16z - Remote Crack

May 22 - 26, 2005

Dave Svilar, Will, Mason

In between the La Sal Mountains and San Juan Mountains there is a nice stretch of desert on the Colorado/Utah border that is just being developed by climbers (Charlie Fowler).  By the sounds and looks of it there are literally thousands of new routes just waiting to be climbed.  We headed to a remote climbing area named after the road on which it's located, 16z.  We followed a paved road to the middle of nowhere and then turned down a long dirt road that took us even farther into the middle of nowhere.  Finding the locale wasn't hard, and upon arrival at dusk we were pleased with the arrangements: a large pullout overlooking a large valley and the Dolores River, with the La Sals looming to the west.  The climbs were directly below where we camped, stretched out for almost one mile along the escarpment.  Junipers dotted the landscape, with a typical garnish of desert sandstone, and a big blue sky stretched out overhead.  The place oozed desert ambience.

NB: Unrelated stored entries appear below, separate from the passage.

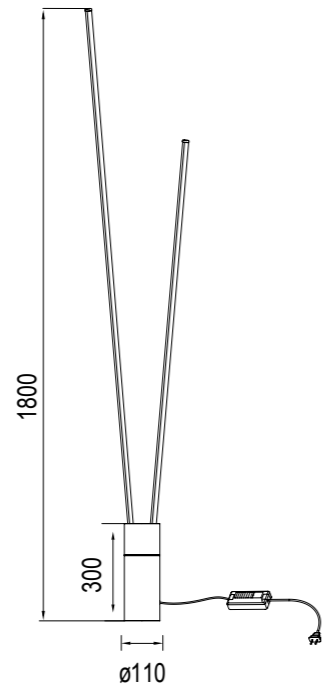

VERTICAL

Pie de Salón-Floor lamp

7345 Blanco-White
LED 44W 3000K 2600lm

7346 Negro-Black
LED 44W 3000K 2600lm

Acero/Steel 220-240V~ 50/60Hz CRI≥ 80

Unlike Indian Creek where I can only climb a handful of routes, this place had more climbable routes than we had time to climb.  Even better, the routes were shorter, which simply meant you didn't have to put six racks together in order to properly protect the climbs.  There were several varieties of sandstone including one superb area featuring fine Wingate crack.  Unfortunately we picked the hottest days of May for our trip and we wilted in the heat after only a few hours of climbing in the morning.  I'd love to return under more manageable temperatures.  Enjoy the pictures.

Wingate Crack!  Will tries for a Black Diamond catalog photo.


Various photos showing the landscape.  Short cliffs, small bench and a large valley with the Dolores River below.  Photos by Will


Top: Dave doing the parking lot climb.  Photos by Will

Below: Will near sunset on the Wingate cracks of 16z.


Top: Mason stretching it out after a long day in the sun.